Assignment – Please copy each line of the listing that includes the string "Avenue".
Input for this task START
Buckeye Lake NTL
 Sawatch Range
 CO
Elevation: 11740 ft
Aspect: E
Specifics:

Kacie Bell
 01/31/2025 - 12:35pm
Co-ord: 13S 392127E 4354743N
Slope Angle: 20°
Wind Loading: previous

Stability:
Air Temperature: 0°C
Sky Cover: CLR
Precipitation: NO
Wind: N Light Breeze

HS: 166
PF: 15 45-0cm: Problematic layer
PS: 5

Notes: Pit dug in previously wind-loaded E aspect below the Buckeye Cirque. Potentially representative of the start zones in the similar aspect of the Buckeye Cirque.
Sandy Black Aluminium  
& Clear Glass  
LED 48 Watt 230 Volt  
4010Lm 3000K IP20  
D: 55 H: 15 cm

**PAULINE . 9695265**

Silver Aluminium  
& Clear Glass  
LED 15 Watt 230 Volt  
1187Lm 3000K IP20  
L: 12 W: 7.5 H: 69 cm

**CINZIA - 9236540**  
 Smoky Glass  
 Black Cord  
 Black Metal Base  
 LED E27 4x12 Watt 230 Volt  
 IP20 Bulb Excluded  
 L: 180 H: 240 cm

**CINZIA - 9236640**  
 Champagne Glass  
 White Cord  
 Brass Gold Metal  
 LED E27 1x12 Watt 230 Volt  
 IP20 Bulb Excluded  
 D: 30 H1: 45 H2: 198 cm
Input for this task END
Input for this task START
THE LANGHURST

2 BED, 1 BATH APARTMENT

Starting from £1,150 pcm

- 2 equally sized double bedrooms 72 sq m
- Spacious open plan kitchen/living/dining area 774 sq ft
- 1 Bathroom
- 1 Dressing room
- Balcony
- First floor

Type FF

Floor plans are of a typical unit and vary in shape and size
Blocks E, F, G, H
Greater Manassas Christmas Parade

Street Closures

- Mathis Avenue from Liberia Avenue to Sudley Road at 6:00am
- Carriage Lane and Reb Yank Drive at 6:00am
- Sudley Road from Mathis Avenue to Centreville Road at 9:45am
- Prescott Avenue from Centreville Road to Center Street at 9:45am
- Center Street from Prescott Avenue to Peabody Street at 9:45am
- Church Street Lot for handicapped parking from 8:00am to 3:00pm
Input for this task END
Input for this task START
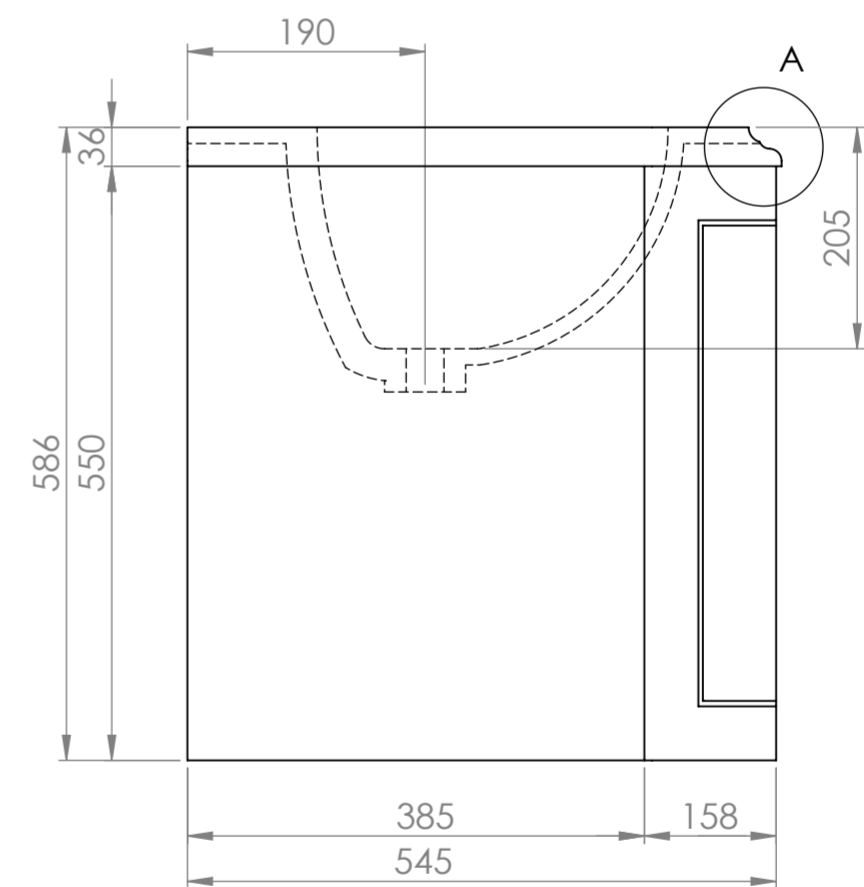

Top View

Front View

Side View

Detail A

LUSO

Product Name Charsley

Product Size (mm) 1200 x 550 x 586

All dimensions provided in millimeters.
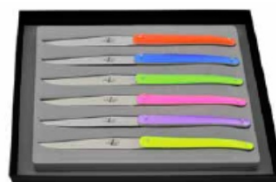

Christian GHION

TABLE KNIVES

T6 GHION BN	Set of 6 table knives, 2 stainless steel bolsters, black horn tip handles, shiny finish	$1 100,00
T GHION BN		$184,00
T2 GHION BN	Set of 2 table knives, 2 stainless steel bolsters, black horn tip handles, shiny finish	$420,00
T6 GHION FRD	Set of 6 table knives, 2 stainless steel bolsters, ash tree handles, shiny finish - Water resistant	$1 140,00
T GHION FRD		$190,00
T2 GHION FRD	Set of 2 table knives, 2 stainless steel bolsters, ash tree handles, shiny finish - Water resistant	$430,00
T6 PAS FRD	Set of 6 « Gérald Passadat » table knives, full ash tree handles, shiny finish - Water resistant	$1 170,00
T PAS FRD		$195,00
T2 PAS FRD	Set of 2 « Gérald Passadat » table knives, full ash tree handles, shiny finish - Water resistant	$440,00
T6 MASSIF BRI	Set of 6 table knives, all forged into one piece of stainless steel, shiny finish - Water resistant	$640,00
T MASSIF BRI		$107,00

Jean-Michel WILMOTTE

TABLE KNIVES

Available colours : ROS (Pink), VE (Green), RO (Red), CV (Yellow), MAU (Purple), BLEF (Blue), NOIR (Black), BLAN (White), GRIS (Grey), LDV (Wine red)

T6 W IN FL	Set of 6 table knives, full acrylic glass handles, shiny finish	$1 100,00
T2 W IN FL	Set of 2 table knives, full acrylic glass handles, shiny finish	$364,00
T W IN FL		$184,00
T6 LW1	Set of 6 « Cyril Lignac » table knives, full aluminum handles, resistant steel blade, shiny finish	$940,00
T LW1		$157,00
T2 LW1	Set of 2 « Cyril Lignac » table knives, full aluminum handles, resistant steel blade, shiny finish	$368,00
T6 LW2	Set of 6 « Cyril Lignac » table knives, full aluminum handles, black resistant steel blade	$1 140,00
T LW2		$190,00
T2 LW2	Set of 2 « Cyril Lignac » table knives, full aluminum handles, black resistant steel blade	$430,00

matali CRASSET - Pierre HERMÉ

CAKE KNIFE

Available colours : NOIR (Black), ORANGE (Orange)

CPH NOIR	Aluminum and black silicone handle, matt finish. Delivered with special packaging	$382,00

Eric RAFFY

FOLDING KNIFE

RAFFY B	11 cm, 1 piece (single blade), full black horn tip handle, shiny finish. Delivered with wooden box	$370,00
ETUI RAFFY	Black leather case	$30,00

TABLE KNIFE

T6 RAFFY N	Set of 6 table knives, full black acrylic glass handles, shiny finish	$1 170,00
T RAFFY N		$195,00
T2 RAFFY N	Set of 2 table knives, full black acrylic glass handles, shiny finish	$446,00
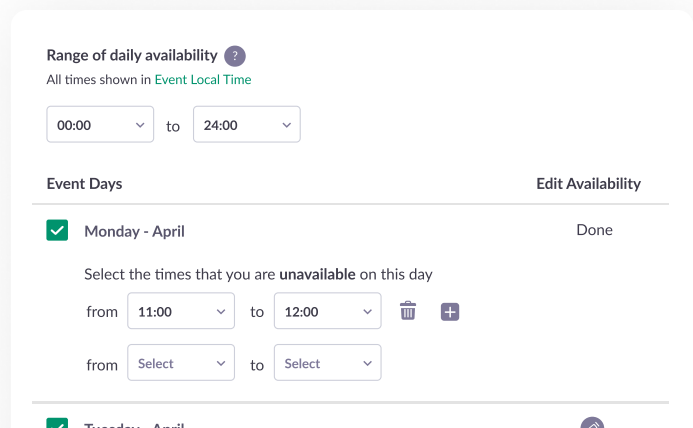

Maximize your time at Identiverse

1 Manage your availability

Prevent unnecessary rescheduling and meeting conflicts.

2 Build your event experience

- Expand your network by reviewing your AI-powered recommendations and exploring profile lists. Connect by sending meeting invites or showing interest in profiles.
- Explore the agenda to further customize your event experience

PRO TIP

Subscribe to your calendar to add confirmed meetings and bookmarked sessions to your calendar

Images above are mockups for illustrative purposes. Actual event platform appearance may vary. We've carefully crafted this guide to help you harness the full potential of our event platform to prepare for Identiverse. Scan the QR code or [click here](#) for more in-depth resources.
Input for this task END
Task response –
- Mathis Avenue from Liberia Avenue to Sudley Road at 6:00am
- Sudley Road from Mathis Avenue to Centreville Road at 9:45am
- Prescott Avenue from Centreville Road to Center Street at 9:45am
- Center Street from Prescott Avenue to Peabody Street at 9:45am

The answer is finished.